- Coat of arms
- Location of Nieder-Hilbersheim within Mainz-Bingen district
- Nieder-Hilbersheim Nieder-Hilbersheim
- Coordinates: 49°54′47″N 8°02′30″E﻿ / ﻿49.91306°N 8.04167°E
- Country: Germany
- State: Rhineland-Palatinate
- District: Mainz-Bingen
- Municipal assoc.: Gau-Algesheim

Government
- • Mayor (2019–24): Rosemarie Jantz

Area
- • Total: 4.59 km^{2} (1.77 sq mi)
- Elevation: 244 m (801 ft)

Population (2022-12-31)
- • Total: 647
- • Density: 140/km^{2} (370/sq mi)
- Time zone: UTC+01:00 (CET)
- • Summer (DST): UTC+02:00 (CEST)
- Postal codes: 55437
- Dialling codes: 06728
- Vehicle registration: MZ
- Website: www.nieder-hilbersheim.de

= Nieder-Hilbersheim =

Nieder-Hilbersheim is an Ortsgemeinde – a municipality belonging to a Verbandsgemeinde, a kind of collective municipality – in the Mainz-Bingen district in Rhineland-Palatinate, Germany.

==Geography==

===Location===
The municipality lies southwest of Mainz in the Welzbach valley and is characterized by agriculture. The winegrowing centre belongs to the Verbandsgemeinde of Gau-Algesheim, whose seat is in the like-named town.

==History==
In 933, Nieder-Hilbersheim had its first documentary mention in a document from the Seligenstadt Abbey.

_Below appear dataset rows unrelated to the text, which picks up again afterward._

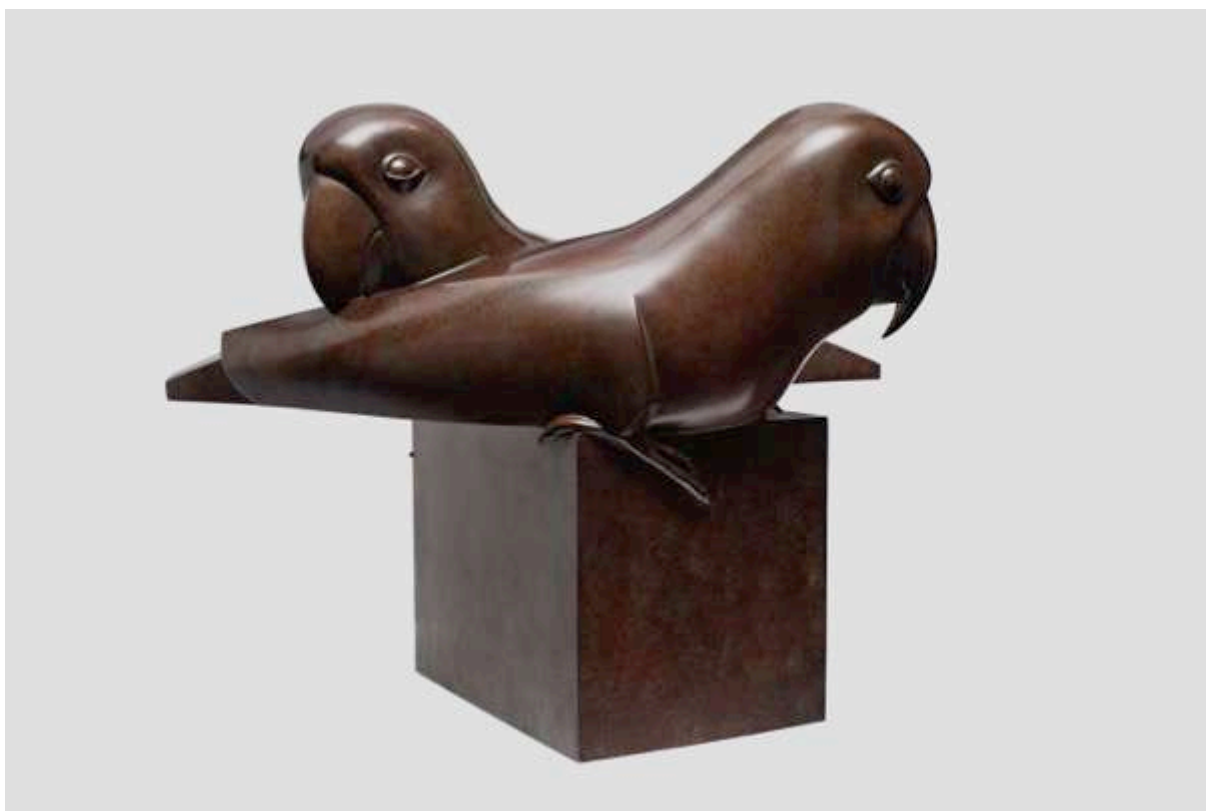

Galerie
DUMONTEIL
NEW YORK • PARIS • SHANGHAI

DAVIAU Daniel (né en 1962)

Les Inséparables

Modèle 2017, Fonte 2019

Bronze, signé, Fonderie Deroyaume
patine brun-vert nuancé

N°4/8

42 x 62 x 44 cm

38 rue de l'Université 75007 Paris
Téléphone : +33 (0) 1 42 61 23 38 Fax : +33 (0) 1 42 61 14 61
paris@dumonteil.com - www.dumonteil.com
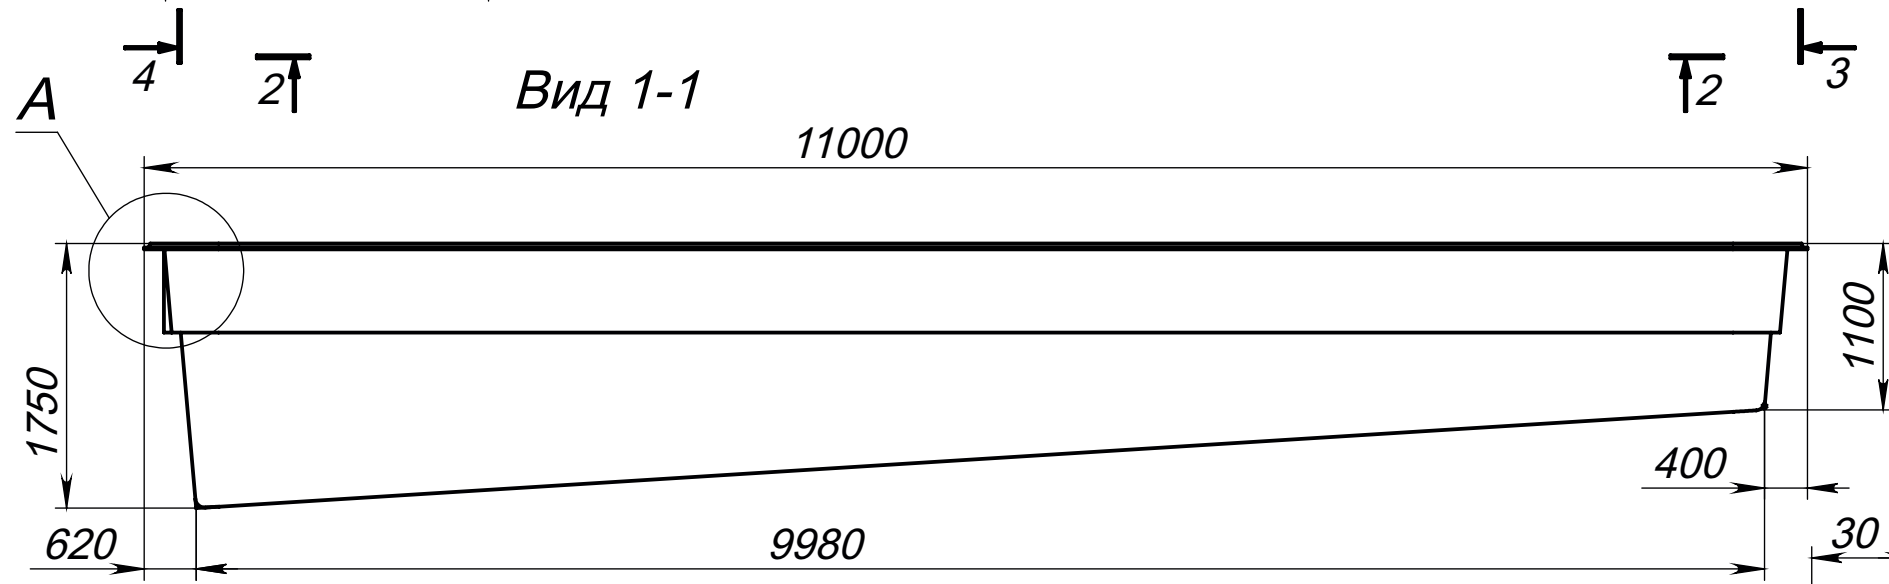

Вид 4-4

Вид 1-1

Вид 3-3

Вид 2-2

A (1 : 25)

Модель	Анхель 11
Длина	11.00 м
Глубина	1.10 м-1.75 м
Ширина	3.60 м
Масштаб	1 : 50

In the endowment letter from the Disbodenberg Monastery in 1108, Nieder-Hilbersheim is mentioned for the first time as Hilbriedesheim

After 1300, the name Nieder-Hilbersheim first came up in documents.

In 1334 a church is mentioned for the first time, and is believed to have been consecrated to Saint Martin, which yielded today's coat of arms, which show Saint Martin cutting a piece of his cloak off for a beggar. At this point, the community belonged to the Electorate of the Palatinate Oberamt of Stromberg.

==Politics==

The municipal council is made up of 12 council members, not counting the part-time mayor, with seats apportioned thus:
| | SPD | CDU | FWG | Total |
| 2004 | 3 | 2 | 7 | 12 seats |
(as at municipal election held on 13 June 2004)

==Culture and sightseeing==

===Regular events===
The Nieder-Hilbersheim kermis (church consecration festival, locally known as the Kerb) is always held on the second weekend in September. A farmer's and craftsman's market is held each year on the third weekend in October.

==Economy and infrastructure==

===Agriculture===
Nieder-Hilbersheim grows grapes for both white and red wine, and also fruit and asparagus.

===Transport===
The municipality is crossed by Landesstraße (state road) 415. The A 60 and A 63 autobahns can be reached by car in 10 to 20 minutes.

===Education===
Nieder-Hilbersheim has a municipal kindergarten.